W wystąpieniu generalnym do ministra sprawiedliwości Zbigniewa Ziobry rzecznik praw obywatelskich Adam Bodnar przytacza przykłady takich orzeczeń na dowód, jak pilną sprawą jest ustawowe uregulowanie kwestii biegłych.
Zbigniew G. został skazany przez sąd I instancji na 25 lat pozbawienia wolności za zabójstwo. Ale okazało się, że dowód w postaci badania DNA został przygotowany niewłaściwie i – jak wykazał sąd II instancji - obciążał na równi co 20. mężczyznę z południowej Polski. Zbigniew G. został uniewinniony, a 1000 dni jego tymczasowego aresztowania kosztowało Skarb Państwa 323 tysiące złotych.

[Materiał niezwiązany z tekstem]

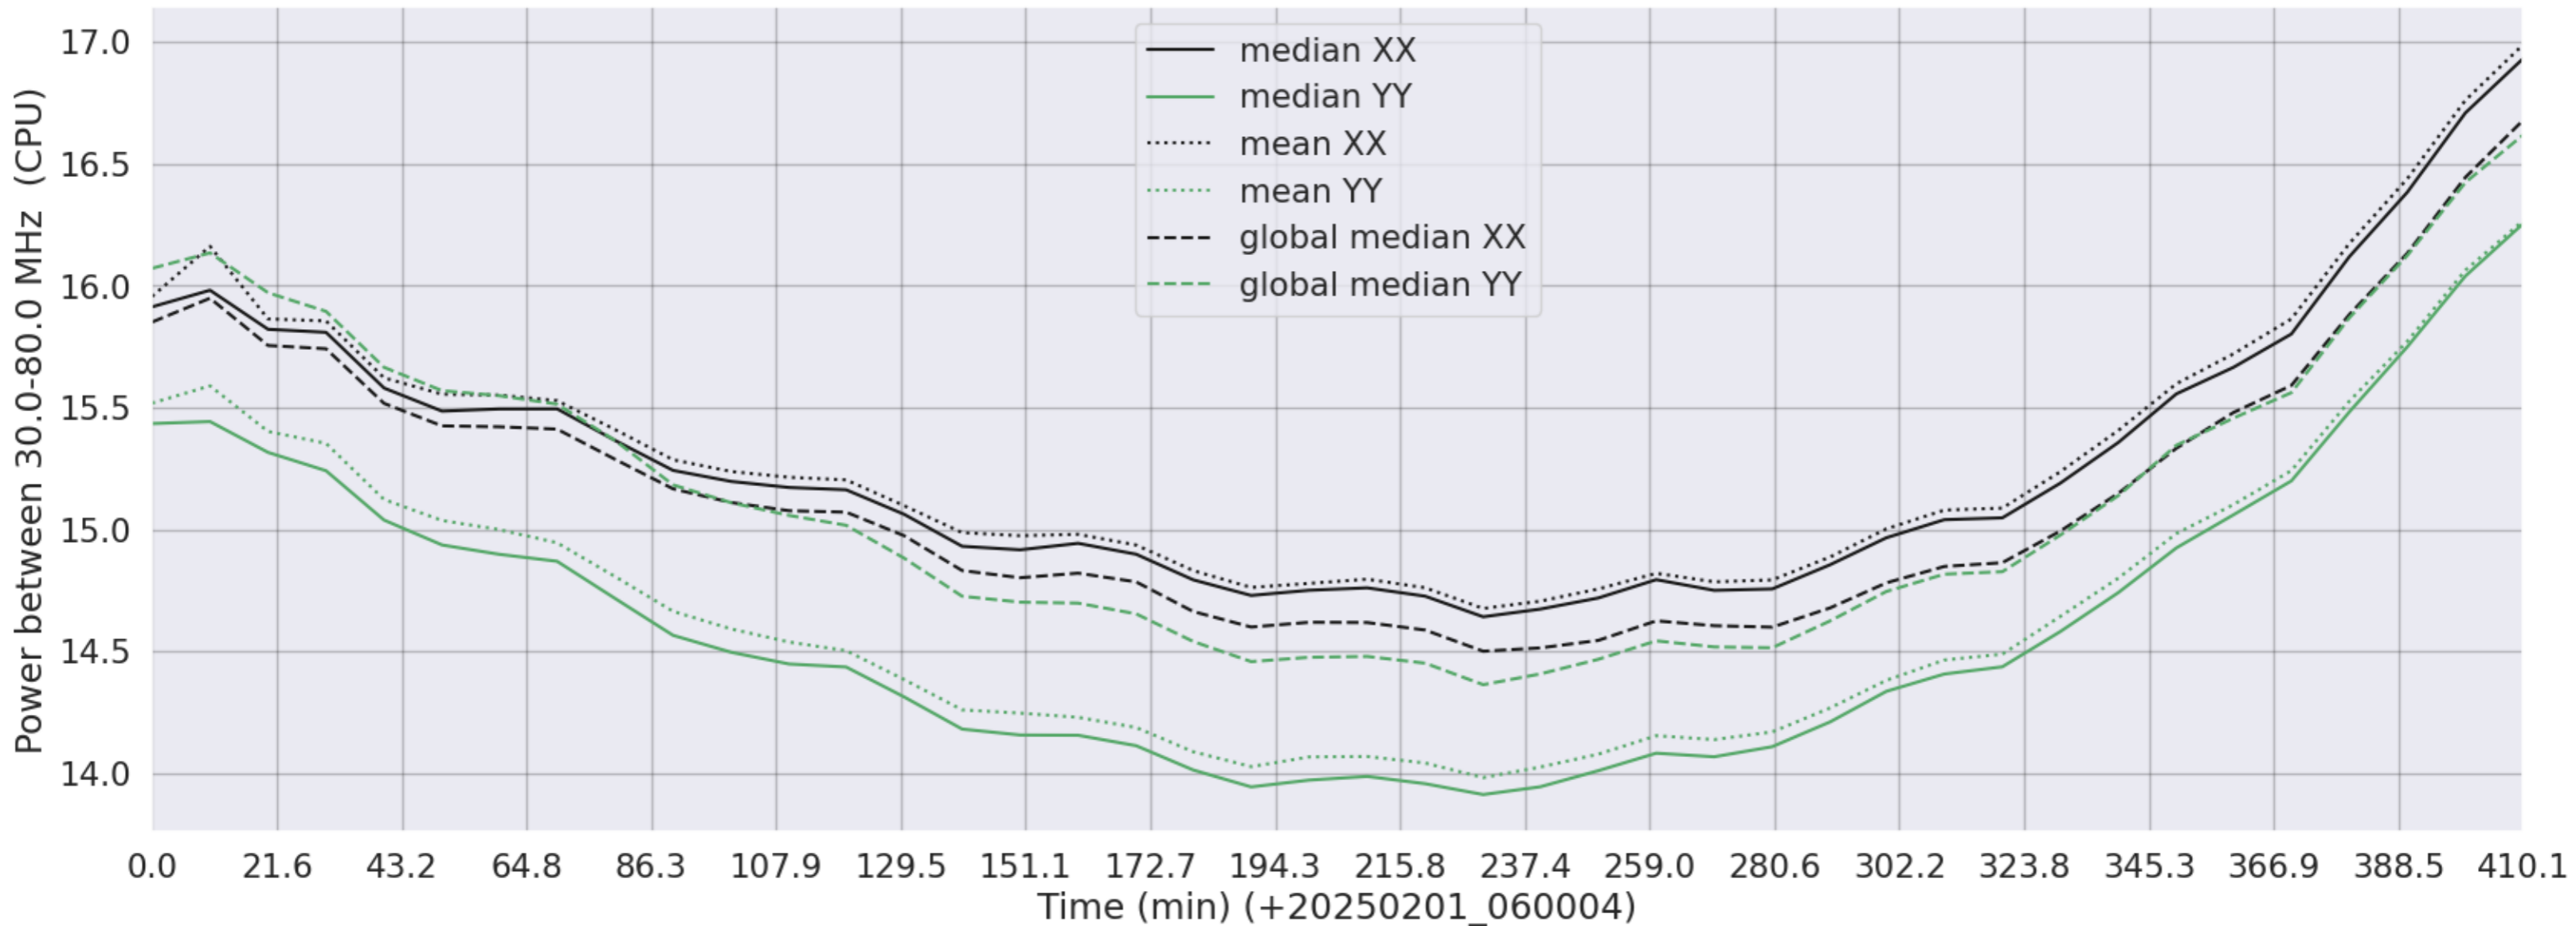

LWA166 - Correlator# 269 - XX FLAGS:Good - YY FLAGS:Good

LWA167 - Correlator# 268 - XX FLAGS:Good - YY FLAGS:Good

Barbara S. też została skazana przez sąd I instancji na 25 lat – za kierowanie zbrodnią zabójstwa syna. Na zwołanej przez prokuraturę konferencji biegła psycholog opowiadała, że Barbara S. ma psychopatyczną osobowość , choć - jak się okazało - biegła ta w ogóle nie badała oskarżonej. Barbara S. została uniewinniona przez Sąd Najwyższy, a Skarb Państwa musiał jej wypłacić 110 tysięcy złotych odszkodowania i zadośćuczynienia.
Błędy biegłych zaważyły też na śledztwie w sprawie porwania i zamordowania Krzysztofa Olewnika.
RPO przywołuje także sprawozdanie Najwyższej Izby Kontroli „Funkcjonowanie biegłych w wymiarze sprawiedliwości". Wynika z niego, że w latach 2012–2014 do sądów apelacyjnych i okręgowych wpłynęło 339 skarg, których przyczyną była przewlekłość wykonania opinii przez biegłych albo zasięganie przez sędziów bądź prokuratorów kolejnych opinii. Sądy uznały za zasadne 140 skarg - czyli 41 proc.